Blog

What Does Google Speech Recognition API Mean For The Industry

Posted by Chris Kikel

Comments Off

Google Voice Recognition API

In March 2016, Google announced that they were making their voice recognition technology accessible to third party software developers. Developers will be able to provide speech support access in their applications to Google’s speech-to-text technology through a set of cloud-based interfaces. We must ask, what does the Google speech recognition API mean for the industry?

Key Technology Differences

Google’s API is implemented as cloud-based technology. The biggest objections stem from requiring that the translation source be connected to the web. This has the potential to introduce processing latency. Additionally, it increases some loss of privacy and vulnerability to unauthorized access of data that must reside on web-based servers.

By far the Google API excels in many areas including:

Support for more than 80 languages
Superior performance in noisy situations
Real time translations
Machine learning algorithms that continuously improve recognition with use
Outperforms its competitors in speech recognition accuracy

Google vs Nuance

Nuance has been a recognized leader in voice recognition since the 1990’s. However, Google is well poised to dominate the market given the popularity of Google in general.

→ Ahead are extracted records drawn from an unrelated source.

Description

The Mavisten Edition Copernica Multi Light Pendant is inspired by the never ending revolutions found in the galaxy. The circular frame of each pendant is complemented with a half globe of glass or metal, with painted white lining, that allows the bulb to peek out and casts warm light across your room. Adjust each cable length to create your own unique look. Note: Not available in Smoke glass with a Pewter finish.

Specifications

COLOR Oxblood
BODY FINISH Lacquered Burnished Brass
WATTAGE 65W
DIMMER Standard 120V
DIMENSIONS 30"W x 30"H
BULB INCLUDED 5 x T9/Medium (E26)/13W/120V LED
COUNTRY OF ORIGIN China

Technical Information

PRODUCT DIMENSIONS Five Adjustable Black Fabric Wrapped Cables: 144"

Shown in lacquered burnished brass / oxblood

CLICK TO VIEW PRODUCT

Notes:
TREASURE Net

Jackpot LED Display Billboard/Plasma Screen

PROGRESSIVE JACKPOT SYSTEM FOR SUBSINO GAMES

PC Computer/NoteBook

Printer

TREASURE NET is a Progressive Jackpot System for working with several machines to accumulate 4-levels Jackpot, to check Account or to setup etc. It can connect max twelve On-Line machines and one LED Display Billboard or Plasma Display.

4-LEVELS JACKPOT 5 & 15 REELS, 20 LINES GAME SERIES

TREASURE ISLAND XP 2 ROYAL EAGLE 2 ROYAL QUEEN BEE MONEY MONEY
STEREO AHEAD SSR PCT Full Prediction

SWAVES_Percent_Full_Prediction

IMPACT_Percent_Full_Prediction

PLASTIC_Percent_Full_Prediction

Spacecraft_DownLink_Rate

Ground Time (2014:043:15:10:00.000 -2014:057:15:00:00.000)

The thing about Nuance is that they have dedicated solutions. For example, Dragon Medical is designed specifically for healthcare professionals. There is a legal version for lawyers and a professional version for your serious business professionals. Additionally, Nuance boasts a slightly higher accuracy level at 99% accuracy compared to Google’s 92% accuracy rate.

Google vs Siri

Apple’s Siri is a voice recognition interface limited to iOS devices. Google can run across platforms including Mac computers and iOS smartphones and tablets.

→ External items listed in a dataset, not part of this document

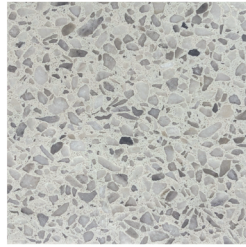

COLLECTION COLORS

Venosa's terrazzo collection is available in a palette of five desirable colors. The curated colorways allow for design freedom, creating an adaptable canvas that works with any style.

snow

sea salt

stone

sand

ash

COLLECTION SIZES

			Thickness	Pieces/Unit
	33" Venosa Shower System Floor Kit	33" x 61-3/4"	3/8"	5 (pan piece, curb piece, two interior curb pieces and tile-in drain grate)
	37" Venosa Shower System Floor Kit	37" x 61-3/4"	3/8"	5 (pan piece, curb piece, two interior curb pieces and tile-in drain grate)
	36" Venosa Shower Floor	36" x 72"	3/8"	2 (pan piece and tile-in drain grate)
	38" Venosa Shower Floor	38" x 76"	3/8"	2 (pan piece and tile-in drain grate)
	60" Venosa Shower Curb	60"	3/8"	3 (curb piece and two interior curb pieces)
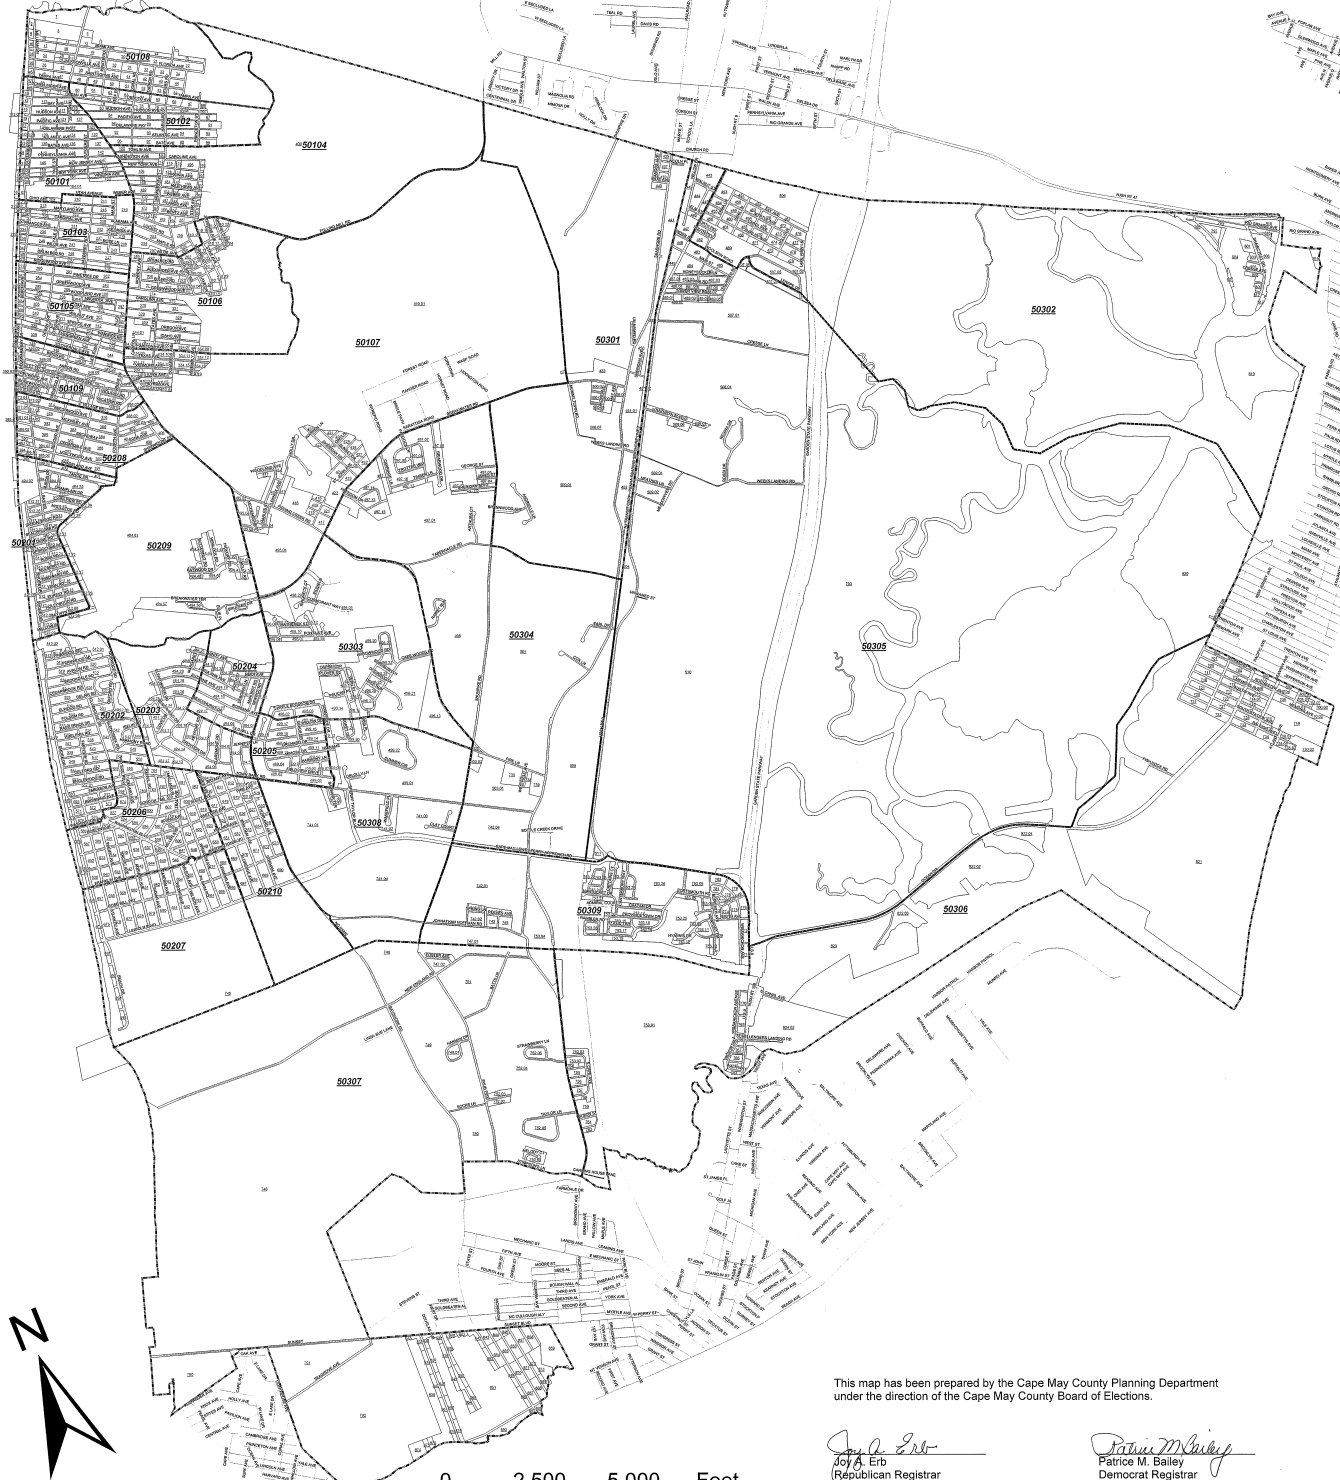

Lower Township Voting District Map October 2004

Joy A. Erb
Joy A. Erb
(Republican Registrar)

Patricia M. Bailey
Patricia M. Bailey
(Democrat Registrar)

Only recently has Apple begun to bring in software developers to add machine learning support for their speech recognition. Google has the advantage of their machine learning technology, which is implemented by extremely sophisticated neural networks.

Google also has a higher number of supported languages. Siri’s speech recognition accuracy rate is around 88% percent, just below Google’s 92% rate.

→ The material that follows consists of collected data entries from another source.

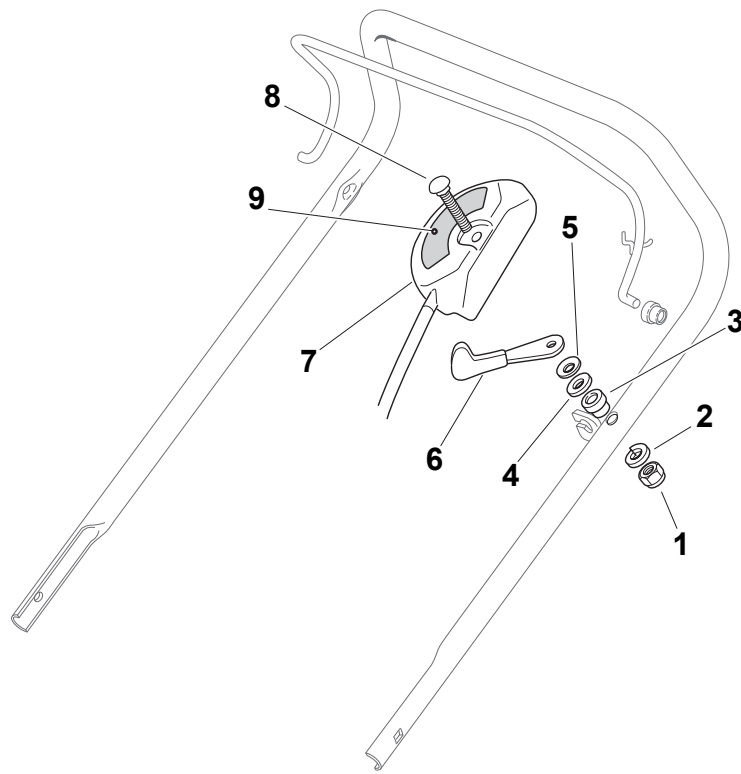

Fig.	Quantity	Part No	Description	Notes
1	2	112820655/0	Screw	
2	1	322551635/0	Handle Clamp Fix Plate	
3	2	322778405/0	Support	
4	2	112760515/0	Screw	
5	2	112521350/0	Washer	
6	4	112521350/0	Washer	
7	4	322399810/0	Knob	
8	4	112361005/0	Nut	
9	1	381006613/0	Handle Lower Part	Black
9	1	381006631/0	Handle, Lower Part Yellow	Yellow
9	1	381006865/0	Handle, Lower Part	Grey
10	1	322192001/0	Clamp	
11	1	112728691/0	Screw	
12	2	112820655/0	Screw	
13	1	122430311/0	Starting Rope Guide Spring	
14	2	322545137/0	Handle, Upper Part	

Fig.	Quantity	Part No	Description	Notes
1	2	112820655/0	Screw	
2	2	322551635/0	Handle Clamp Fix Plate	
3	1	381006641/0	Handle Lower Part	
4	2	112760515/0	Screw	
5	2	112521350/0	Washer	
6	4	112521350/0	Washer	
7	4	322399810/0	Knob	
8	4	112361005/0	Nut	
10	1	322192001/0	Clamp	
11	1	112728691/0	Screw	
12	2	112820655/0	Screw	
13	1	122430311/0	Starting Rope Guide Spring	
14	2	322545137/0	Handle, Upper Part	

Fig.	Quantity	Part No	Description	Notes
1	1	381006618/1	Handle, Upper Part	Black
1	1	381006632/1	Handle, Upper Part	Yellow
1	1	381006866/0	Handle, Upper Part	Grey
2	1	381003320/1	Lever, Engine Brake	
3	1	181000777/0	Cable, Thread Engine Brake	B&S 700 Series
3	1	181000642/1	Cable, Thread Engine Brake	B&S 625/675 Series
3	1	181030061/0	Cable, Thread Engine Brake	Honda Engine / B&S 850
3	1	181000688/0	Cable, Thread Engine Brake	GGP Engine
4	1	381000697/0	Cable Rear Drive	
5	1	381003297/1	Driving Lever	
6	1	112727783/0	Screw	
7	1	322551640/0	Plate	
8	1	112154510/0	Nut	

Fig.	Quantity	Part No	Description	Notes
1	1	112291000/0	Nut	
2	1	112581500/0	Grower	
3	1	122171005/0	Spacer	
4	1	112521360/0	Washer	
5	1	112508100/0	Cup Spring	
6	1	381007279/1	Throttle Lever	GGP/Honda/Tecumseh/B&S 625-675-675Es-700-750 Series
7	1	481007080/0	Throttle Cable	
8	1	112815000/0	Screw	
9	1	114356702/0	Throttle Label	for GGP Engines
9	1	114356905/0	Label	for B&S 700-750 Series
9	1	114356702/0	Throttle Label	for HONDA Engines

Google vs Microsoft Cortana

Microsoft’s Cortana is a speech recognition technology that ships with Windows operating systems. Cortana is also available as an API that Microsoft makes available to software developers. However, Cortana’s language support is the most limited of all the speech recognition API’s mentioned. Furthermore, support is only offered for 11 languages and 3 regions, significantly lower than the 80 languages supported by Google’s API.

Cortana API is supported on iOS and Android, though the speech recognition has been criticized for performance not on par with Google’s or their other competitors. This will be an impediment to Cortana’s acceptance and popularity.